The use of inefficient charcoal production methods is accelerating tree cutting in Kenya by charcoal producers, as it remains a key energy source in the country.
A new study conducted by scientists from the Center for International Forestry Research and World Agroforestry (CIFOR-ICRAF), and partner organizations shows that charcoal producers have little or no support to engage in the replanting of trees, which could lead to a lower rate of deforestation in the already tree-scarce areas where most charcoal is produced.
“Charcoal production practices and technologies are still very traditional and wasteful; there is a lot of unnecessary tree cutting and most landowners and charcoal producers are not involved in tree planting, or any tree management practices that would promote tree regeneration and growth,” according to the authors.

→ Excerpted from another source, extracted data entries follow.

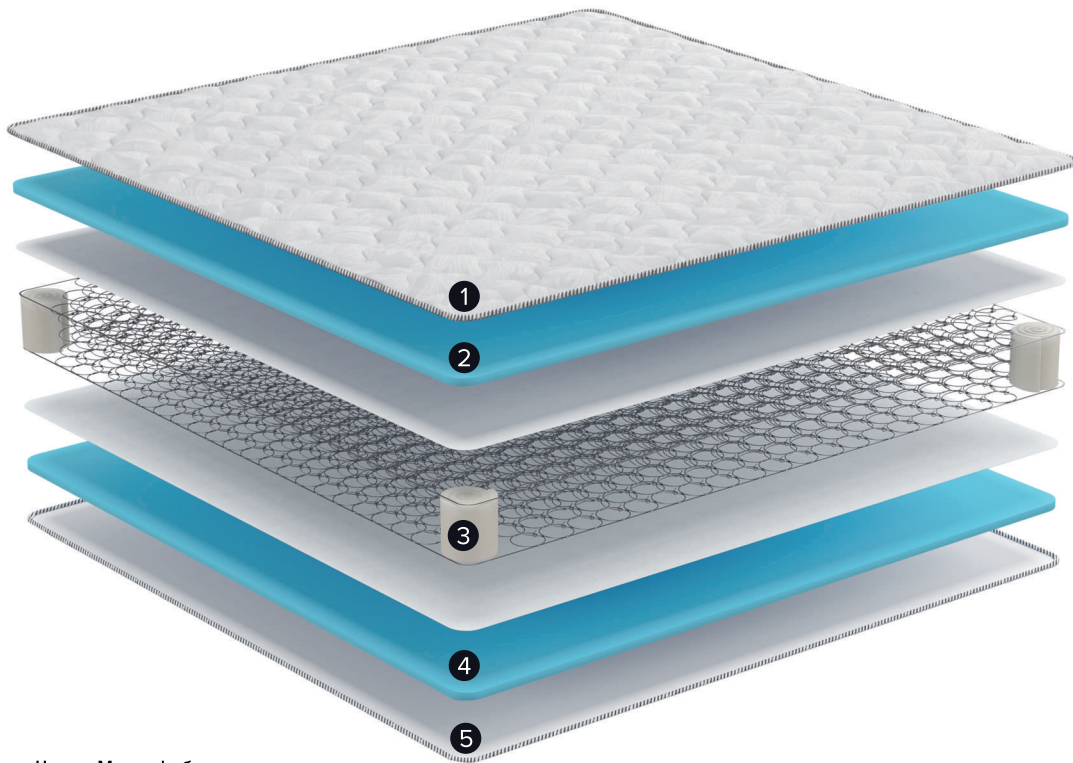

# матрас Sunshine

- 1** Чехол: Микрофибра, стеганная с синтепоном и Orto пеной 1,5 см
- 2** Ультраволок со специальной термической обработкой
- 3** Пружинный блок "Sarma Spring Bonnel" усиленный блоком ППУ
- 4** Ультраволок со специальной термической обработкой
- 5** Чехол: Микрофибра, стеганная с синтепоном и Orto пеной 1,5 см

\*Лучик солнца

# матрас Rainbow

- 1 Чехол: Микрофибра стеганная с синтепоном
- 2 Орто пена 1,5 см
- 3 Пружинный блок "Sarma Spring Bonnel"
- 4 Орто пена 1,5 см
- 5 Чехол: Микрофибра стеганная с синтепоном

\*Радуга

The producers use traditional, inefficient earth kilns to make the charcoal, which the scientists say wastes wood, requiring more trees to be cut to meet the increasing demand for charcoal in Kenya where other cooking energy alternatives remain out of reach from many.

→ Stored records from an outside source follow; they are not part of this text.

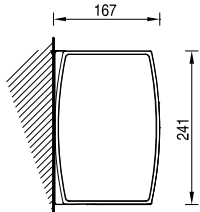

Epica

Epica

Epica con terminal cofre - Epica with box front bar

EPICA

EPICA es un cofre de brazos extensibles, caracterizado por un diseño sencillo y elegante. Los elementos de fijación y los tornillos están totalmente escondidos a la vista. Aunque tenga dimensiones pequeñas el cofre puede llegar a tener una salida de 410 cm con brazo Giant. El modelo se completa con una gran variedad de opciones como el kit de luces y el terminal cofre.

EPICA is a folding arm awning, with cassette, characterized by a simple and essential design. Its fixing elements and the screws are completely hidden. Even though its small dimensions, it can have a 410cm projection by using Giant arm. The product can be completed with a large variety of optionals like light kit and box front bar.

Diagrama de proyección - Montaje a pared

Covering diagram - Wall/ceiling installation

Montaje a pared

Wall installation

Montaje a pared con terminal cofre

Wall installation with box front bar

The producers also said they rarely undertake wood pre-drying, which would improve the efficiency of their production process.

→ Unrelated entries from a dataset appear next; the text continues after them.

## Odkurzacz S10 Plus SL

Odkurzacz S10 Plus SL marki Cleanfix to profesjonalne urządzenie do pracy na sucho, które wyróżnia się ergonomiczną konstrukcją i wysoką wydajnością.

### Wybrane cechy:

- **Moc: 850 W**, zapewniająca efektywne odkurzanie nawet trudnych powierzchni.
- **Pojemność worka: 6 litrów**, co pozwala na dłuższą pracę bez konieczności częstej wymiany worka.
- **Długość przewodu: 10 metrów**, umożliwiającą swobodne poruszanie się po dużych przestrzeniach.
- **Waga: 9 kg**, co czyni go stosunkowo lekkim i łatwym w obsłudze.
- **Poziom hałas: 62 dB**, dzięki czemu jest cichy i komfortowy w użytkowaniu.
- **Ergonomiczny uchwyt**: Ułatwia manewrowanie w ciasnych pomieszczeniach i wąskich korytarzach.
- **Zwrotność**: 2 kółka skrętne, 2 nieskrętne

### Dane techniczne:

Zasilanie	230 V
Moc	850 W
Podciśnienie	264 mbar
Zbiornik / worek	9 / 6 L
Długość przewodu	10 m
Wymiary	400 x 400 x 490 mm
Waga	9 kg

Each kiln was found to yield about six bags per run, a volume that is achieved by a 10 to 20 percent efficiency, with up to 80 percent of all the wood going to waste in the manufacturing process.
In 2000, it was estimated that about 1.6 million tonnes of charcoal were being consumed in the country annually, but the figure had grown to 2.5 million tonnes by 2013. Thus, with a 10 to 20 percent efficiency from the earth mound kilns, it would mean at least 25 million tonnes of wood would be required to meet this demand which is still on the rise .
The research reveals that between 40 to 75 percent of the charcoal is produced in arid and semi-arid lands (ASALs) where trees are already scarce. It also found that consumer preferences had driven the producers to use specific tree species like the Acacia spp, which are fast being exhausted in areas where it was available for use.
The naturally propagating tree was rarely supported to regrow, with most landowners (up to 70 percent) saying they did not engage in any management practice that supports tree regeneration after harvesting, posing a threat to their existence.
The landowners said they lacked tree planting and management skills and that most of the indigenous trees regenerated naturally, so they saw no need to participate in supporting their regeneration.
Only four percent had received some support on tree growing activities including provision of tree seedlings, sensitization on the need to plant trees after felling and the importance of using dead/ windfall wood in charcoal production, training/ information on agroforestry, intercropping and other environmental conservation practices, marketing, and training on pruning techniques
The charcoal sub-sector remains one of the most important sources of energy in Kenya, especially in the fast-expanding urban areas with about 60 percent of consumers relying on the commodity as their primary energy source, according to the research, whose consumer study focused on Nairobi and Mombasa , Kenya’s two largest cities.
The researchers called for a shift to greener cooking solutions to tame the growing demand for charcoal and improve production technologies to reduce unnecessary tree cutting.
“Contrary to the long-standing assumptions of the energy ladder, people are falling back or stacking energy sources to manage expenditure, reliability, meal diversity and cultural preferences,” said Phosiso Sola, who led the study. “Therefore, the solution is not just transition but also reduction in the amount of charcoal consumed in the household energy-mix by use of more efficient stoves and ensuring efficient and sustainable sourcing and production of charcoal.”
The research recommends that landowners, charcoal producers, and traders should be given support to address various challenges and improve on efficiency in the value chain to retain more trees in the landscape and earn more income.